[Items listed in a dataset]
--*--

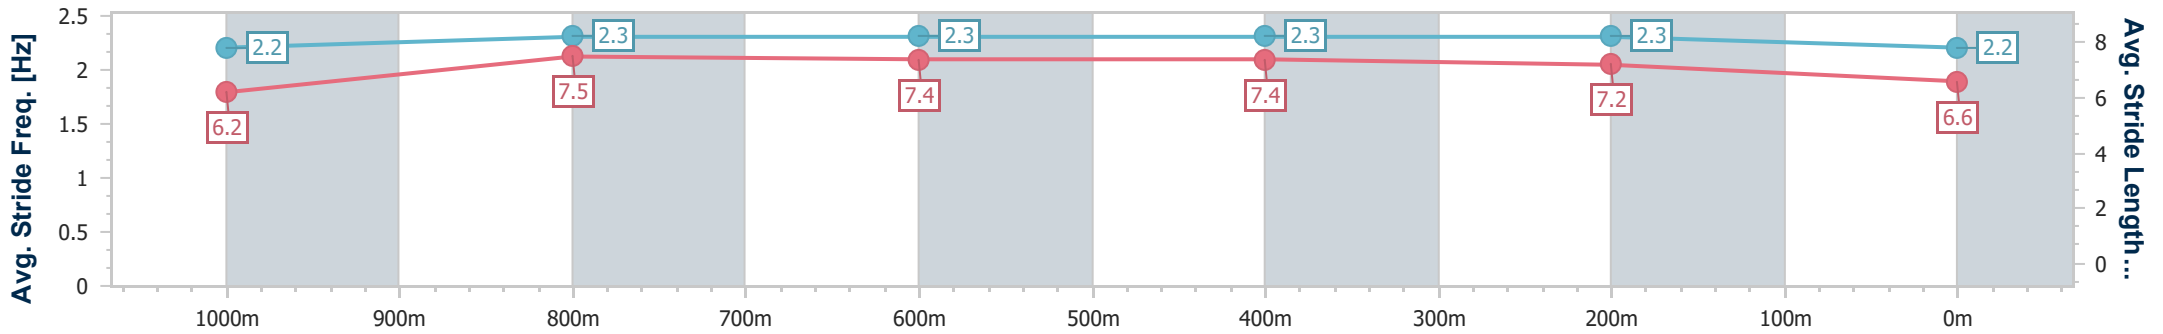

- [] Ranking at each section and finish
- .-.- No data available at this section
- NA No data available

Horse/Jockey Name	Pulpit
Final Rank	16
Fastest Section Time (Section)	0:11.69 (1000m)
Top Speed [km/h] (Section)	63.0 (1000m)
Race State	Finished

Sunshine Coast QLD Professional
 Race 4: TAB KEN RUSSELL MEMORIAL CLASSIC - 1200m
 11 May 2024 - 14:20
 Track Rating: Heavy 10, Weather: Fine, Rail Position: True

Section	Overall	1000m	800m	600m	400m	200m
Section Times	1:15.40 [16] (0:13.89)	1:01.51 [15] (0:11.69)	0:49.82 [17] (0:11.97)	0:37.85 [17] (0:12.30)	0:25.55 [16] (0:11.91)	0:13.64 [16] (0:13.64)
Average Speed [km/h]	51.8	62.2	61.5	60.4	60.5	52.7
Top Speed [km/h]	62.7	63.0	62.8	61.8	62.4	57.6
Avg. Dist. to Rail [m]	11.4	3.2	3.5	5.5	13.3	14.9
Avg. Stride Freq. [Hz]	2.2	2.3	2.3	2.3	2.3	2.2
Avg. Stride Length [m]	6.2	7.5	7.4	7.4	7.2	6.6
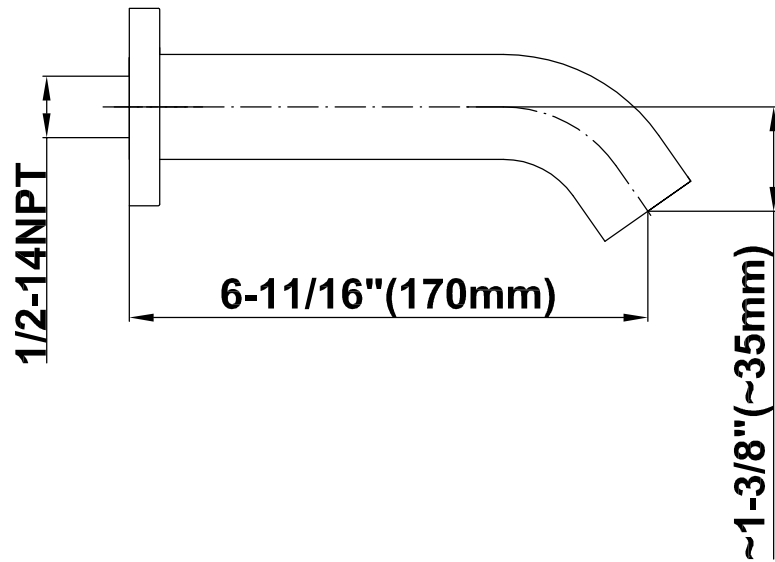

G-7280-LM24S
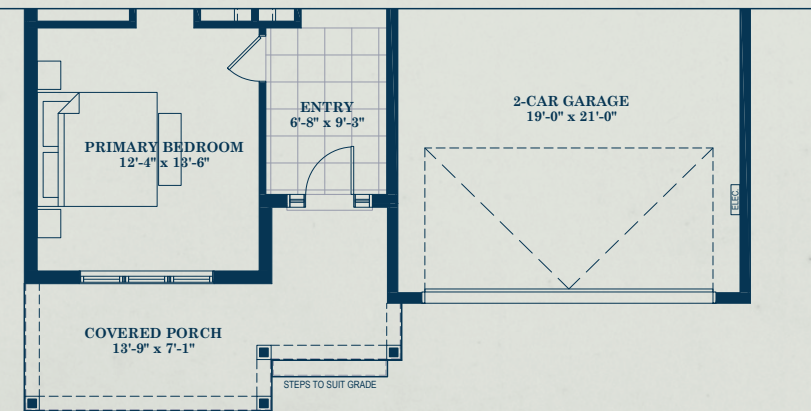

Elevation B

Plans and specifications subject to change without notice. All renderings are artist's concept. E.&O.E.

Elevation A

THE MEDONTE.

Elevation A
Main Level, 1,762 sq ft

With finished lower level
option elev. A & B

Elevation B
Main Level, 1,753 sq ft

THE MEDONTE.

Elevation A
Optional Finished
Lower Level, 1,333 sq ft

Elevation B
Optional Finished
Lower Level, 1,326 sq ft
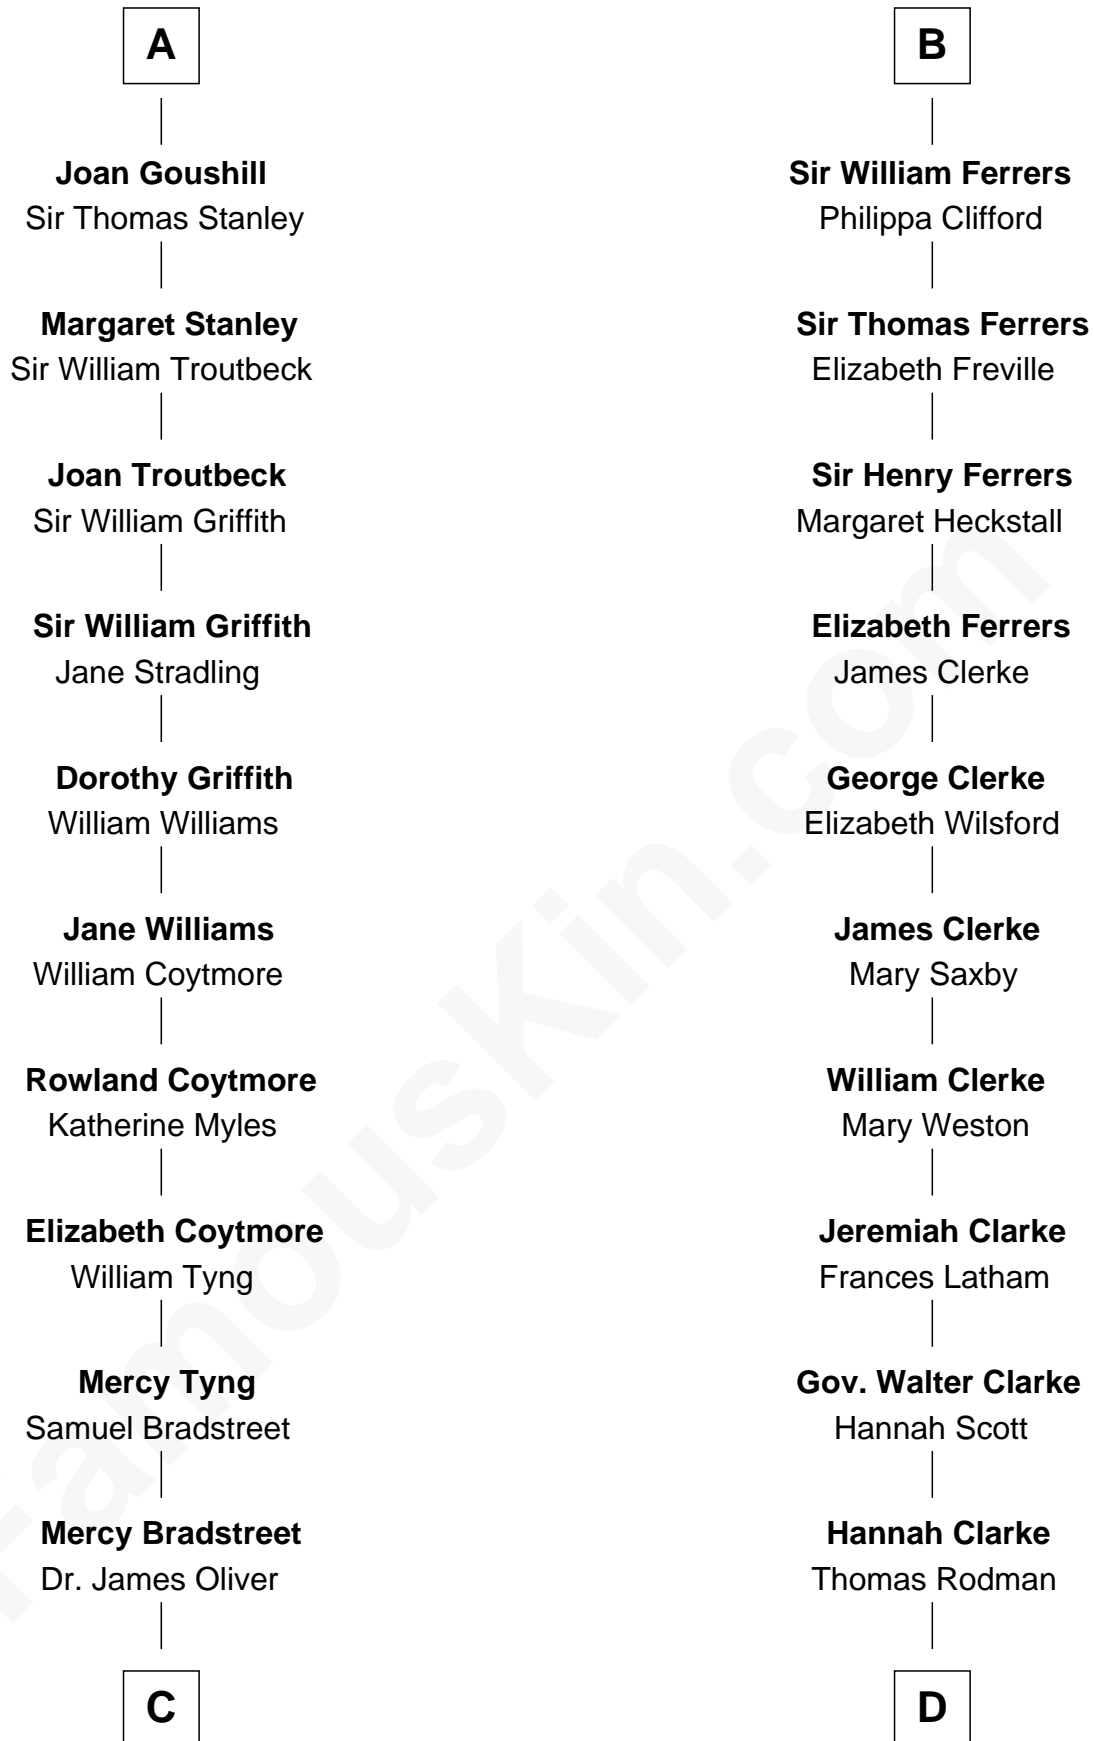

**FamousKin.com**  
**Relationship Chart of**  
**Oliver Wendell Holmes, Jr.**  
*U.S. Supreme Court Justice*

**21st cousin of**  
**Joseph Wharton**  
*Founder of the Wharton School of Business*

**C**

**Sarah Oliver**  
Jacob Wendell

**Oliver Wendell**  
Mary Jackson

**Sarah Wendell**  
Rev. Abiel Holmes

**Oliver Wendell Holmes**  
Amelia Lee Jackson

**Oliver Wendell Holmes, Jr.**  
*U.S. Supreme Court Justice*

**D**

**Samuel Rodman**  
Mary Willett

**Thomas Rodman**  
Mary Borden

**Hannah Rodman**  
Samuel Rowland Fisher

**Deborah Fisher**  
William Wharton

**Joseph Wharton**  
*Founder, Wharton School of Business*

--*--

> [Task item]:
Lines containing the word "Race" are to be pulled from the records and copied.

> [Written answer]:
Race State	Finished
 Race 4: TAB KEN RUSSELL MEMORIAL CLASSIC - 1200m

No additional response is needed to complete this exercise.